Dal Brutto Ana-Tron al Cyber-Cigno:
video-attività, sviluppo del pensiero e dell'identità

di Marco Longo

(Lavoro presentato al Futur Show, Bologna 2998 - Arena Incontri al Simposio La mente cresce on line. La rivoluzione videotecnologica: videogiochi, internet, realtà virtuale, tv interattiva)



Tron è il titolo di un famoso film in cui un ricercatore informatico, il protagonista buono del film, che ha ideato e lavora alla messa a punto di un potentissimo programma di simulazione grafica virtuale, scopre che il sistema operativo centrale del favoloso computer della sua azienda è stato alterato dai cattivi per poter deliquere; scoperto a sua volta, dovendo essere eliminato, viene proditoriamente risucchiato attraverso lo schermo all'interno del computer, divenendo egli stesso un programma e vivendo poi un'eroica avventura digitale dentro la macchina, che ovviamente porterà alla sconfitta dei programmi cattivi e naturalmente alla sua rinascita nel reale, ad un suo trionfale ritorno dal mondo dei bit a quello degli atomi, come si dice oggi.

Ana-Tron è invece un piccolo gioco di parole che, alludendo alla fiaba del Brutto Anatroccolo, utilizzo come una metafora per provare a parlare in modo meno noioso, spero, e sufficientemente evocativo della situazione di profonda solitudine e di video-passività, in cui il bambino (ma così spesso anche l'adolescente o l'adulto) può trovarsi ad essere risucchiato, ritualmente e ripetitivamente, perlopiù dalla televisione, ma anche da certi mini-video-games portatili, da certi Cd-Rom o dal lato oscuro della Grande Rete.

Viceversa il termine Cyber-Cigno può essere la metafora dell'adolescente (ma non solo) che ha imparato a gestire in modo creativo una situazione veramente gioiosa e pienamente soddisfacente di video-attività informatica e telematica, ad operare creativamente in prima persona attraverso una telecamera o un computer multimediale, esprimendo quindi al meglio, come direbbe Negroponte, la propria carattersitica positiva di "essere digitale"; ovvero di un essere umano, giovane o adulto, che come un cigno riesce a mettere la ali della fantasia alla proria creatività anche attraverso l'utilizzazione delle nuove tecnologie digitali.

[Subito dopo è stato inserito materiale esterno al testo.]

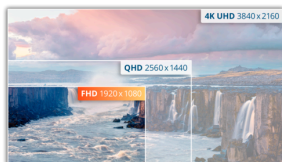

Pannello IPS FHD da 24" per una maggiore produttività con tutto il comfort, USB-C e PD65W

AOC 24V5C è uno chassis frameless su tre lati che nasconde un pannello IPS da 24" con risoluzione FHD per un'eccezionale esperienza visiva di grande comfort. Ottieni opzioni di connettività complete grazie a USB-C con Power Delivery fino a 65 W, 4 porte USB, supporto HDMI e DisplayPort. L'accesso è facile e sicuro con Windows Hello.

Caratteristiche

Risoluzione Full HD

Desiderate guardare un film Blu-ray con una qualità d'immagine totale, divertirsi a giocare con immagini ad alta definizione o leggere testi nitidissimi nelle applicazioni per ufficio? Grazie alla risoluzione di 1920 x 1080 pixel Full HD di questo monitor tutto questo sarà possibile. A prescindere dal contenuto che intendete guardare, con la risoluzione Full HD sarà visualizzato con una straordinaria ricchezza di dettagli senza la necessità di una scheda grafica di alta fascia né di consumare molte delle vostre risorse di sistema.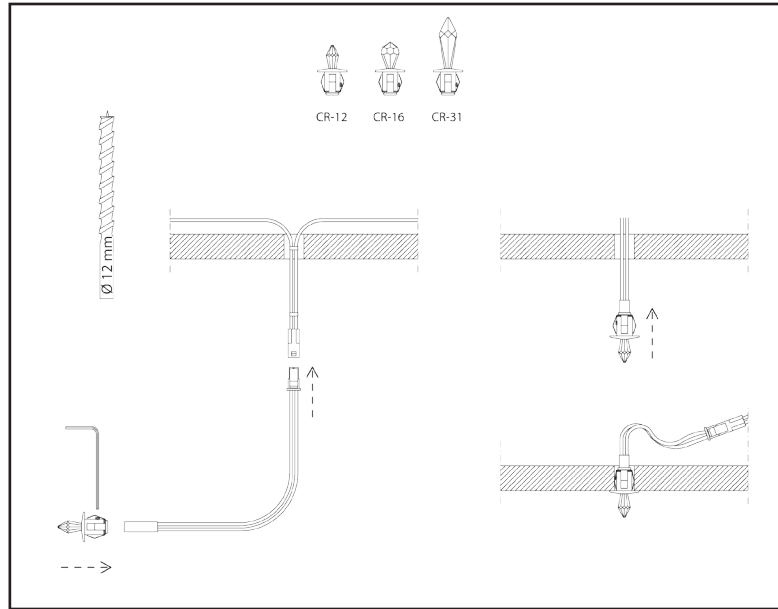

Power
IP20

Osram OTi DALI 15
350mA
DIM: Dali or Push button switch

5 m

Cariitti

1532611
(1532605)

2,4 m

2,4 m

800 mm

800 mm

STARLIGHT

1

2

a)

b)

c)

3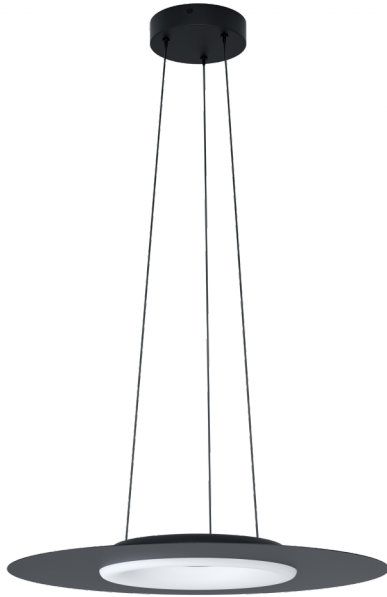

99125 COMPO ROSSO-C

Общая информация

Material number	99125
Type	подвес
Product segment	Indoor
Theme	ECO

Размеры

Article Height (in mm)	1100
Article Diameter (in mm)	580
Net Weight	2,86 Kilogram

Материал & Цвет

Enclosure Material	сталь
Enclosure Colour	черный
Cable Colour	black
Glass/Shade Material	пластик
Glass/Shade Color	белый

Функциональность

Switch Type	нет
Function	несменный LED упр- с пульта ДУ и приложения BLE, CCT, RGB
Battery	No

99125

COMPO ROSSO-C

Техническая информация

Protection Degree	IP20
Protection Class	2
Mains Voltage	220-240V,50/60Hz
Operation Voltage	220-240V,50/60Hz
Dimmable	Yes
max. Wattage (1)	16W

Источник света

Nominal Luminous Flux (in lm)	2100
Equivalence With Incandescent Lamp (W)	131
Color Temperature	18
Nominal Lifetime (in h)	25000
Switching Cycles	15000
Colour Rendering Index (Ra, CRI)	>80
Energy Efficiency Class	A+
Rated Lamp Power (0,1W precision)	16
Color Tolerance (LED, SDCM)	<6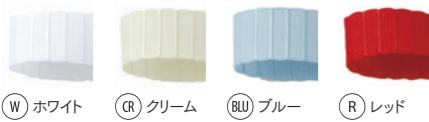

MRK-0005
オーガンジーリボン15ミリ 材質:ポリエステル
W15mm×L25m 入り数:1巻/B 10巻/C*
¥900 (税抜)/1巻

MRK-0006
オーガンジーリボン25ミリ 材質:ポリエステル
W25mm×L25m 入り数:1巻/B 10巻/C*
¥1,300 (税抜)/1巻

MRK-0008
オーガンジーデコ25ミリ 材質:ポリエステル
W25mm×L25m 入り数:1巻/B 10巻/C*
¥1,600 (税抜)/1巻

MRK-0009
ラインリボン15ミリ 材質:ポリエステル
W15mm×L25m 入り数:1巻/B 10巻/C*
¥900 (税抜)/1巻

MRK-0010
ステッチリボン10ミリ 材質:ポリエステル
W10mm×L25m 入り数:1巻/B 10巻/C*
¥720 (税抜)/1巻

MRK-0011
ステッチリボン15ミリ 材質:ポリエステル
W15mm×L25m 入り数:1巻/B 10巻/C*
¥850 (税抜)/1巻

MRK-0012
ステッチリボン 材質:ポリエステル
W25mm×L25m 入り数:1巻/B 10巻/C*
¥1,100 (税抜)/1巻

MRK-0016
オーガンジーサテンストライプ40ミリ 材質:ポリエステル
W40mm×L25m 入り数:1巻/B 5巻/C*
¥1,600 (税抜)/1巻

MRK-0020
オーロラオーガンジー26ミリ 材質:ポリエステル
W26mm×L25m 入り数:1巻/B 10巻/C*
¥1,200 (税抜)/1巻

MRK-0021
シングルステッチリボン5ミリ 材質:ポリエステル
W5mm×L18m 入り数:1巻/B 10巻/C*
¥900 (税抜)/1巻

MRK-0025
フリルオーガンジー26ミリ 材質:ポリエステル
W26mm×L15m 入り数:1巻/B 10巻/C*
¥1,200 (税抜)/1巻

MRK-0026
ラインストーンリボン5ミリ 材質:ポリエステル
W5mm×L15m 入り数:1巻/B 10巻/C*
¥1,200 (税抜)/1巻

MRK-0028
ネットサテンリボン20ミリ 材質:ポリエステル
W20mm×L8m 入り数:1巻/B 10巻/C*
¥2,400 (税抜)/1巻

MRK-0029
ネットサテンリボン40ミリ 材質:ポリエステル
W40mm×L8m 入り数:1巻/B 5巻/C*
¥2,600 (税抜)/1巻

MRK-0034
デニムリボン25mm 材質:ポリエステル
W25mm×L15m 入り数:1巻/B 10巻/C*
¥1,500 (税抜)/1巻

MRK-0030
ネットリボン20ミリ 材質:ポリエステル
W20mm×L8m 入り数:1巻/B 10巻/C*
¥2,000 (税抜)/1巻

MRK-0031
ネットリボン40ミリ 材質:ポリエステル
W40mm×L8m 入り数:1巻/B 5巻/C*
¥2,300 (税抜)/1巻

MRK-0036
WRINKLEDリボン25ミリ 材質:ポリエステル
W25mm×L15m 入り数:1巻/B 10巻/C*
¥2,000 (税抜)/1巻

MRK-0037
WRINKLEDリボン40ミリ 材質:ポリエステル
W40mm×L15m 入り数:1巻/B 10巻/C*
¥2,700 (税抜)/1巻

MRK-0035
ヘンプリボン25mm 材質:麻
W25mm×L5m 入り数:1巻/B 10巻/C*
¥2,600 (税抜)/1巻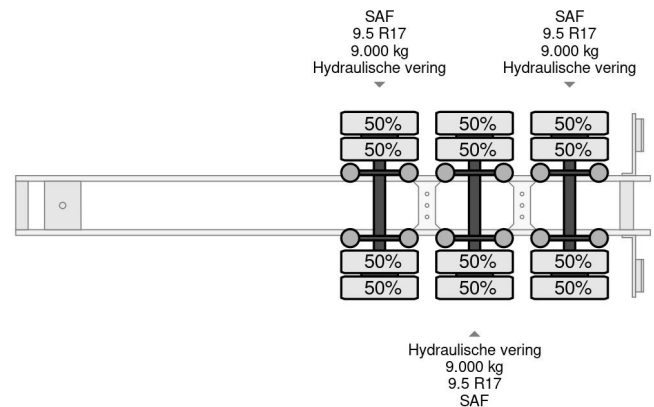

Nootboom 3 AXEL SAF

COMMON

Precio	€ 6.950,- sin IVA
Id	NO020018-G
Marca	Nootboom
Tipo	3 AXEL SAF
Año de construcción	1992
Construcción	Plataforma baja
Maximo peso	45.000 kg

PROPERTIES

Primera fecha de registro	26-06-1992
Fecha de vencimiento de itv	19-01-2025
Placa de matrícula	OB-16-YG
Número de identificación del vehículo	020018
Número de ejes	3
Peso vacío	8.420 kg
Distancia entre ejes	931 cm
Dimensiones de construcción (l/b/h)	
Peso de carga	36.580 kg
Anchura	249 cm

Nootboom 3 AXEL SAF

Referentienummer: NO020018-G

ACCESORIOS

DESCRIPCIÓN

90302227XX

Ma perché scomodare la fiaba? se non altro per il ruolo che essa ha nello sviluppo del pensiero infantile e per le risonanze che continua ad avere anche in quello adulto, in cui magari prende piuttosto la forma del mito. In un suo articolo lo psicoanalista Antonino Ferro paragona la fiaba al gioco, dimostrando come entrambi nascono ed assumono significato all'interno della relazione tra madre e bambino. Entrambi sono inoltre caratterizzati da insaturità: ogni bambino può infatti riempire con la sua fantasia allo stesso modo qualunque fiaba o gioco, con diversi significati nei diversi momenti della crescita e/o nei diversi stati emozionali.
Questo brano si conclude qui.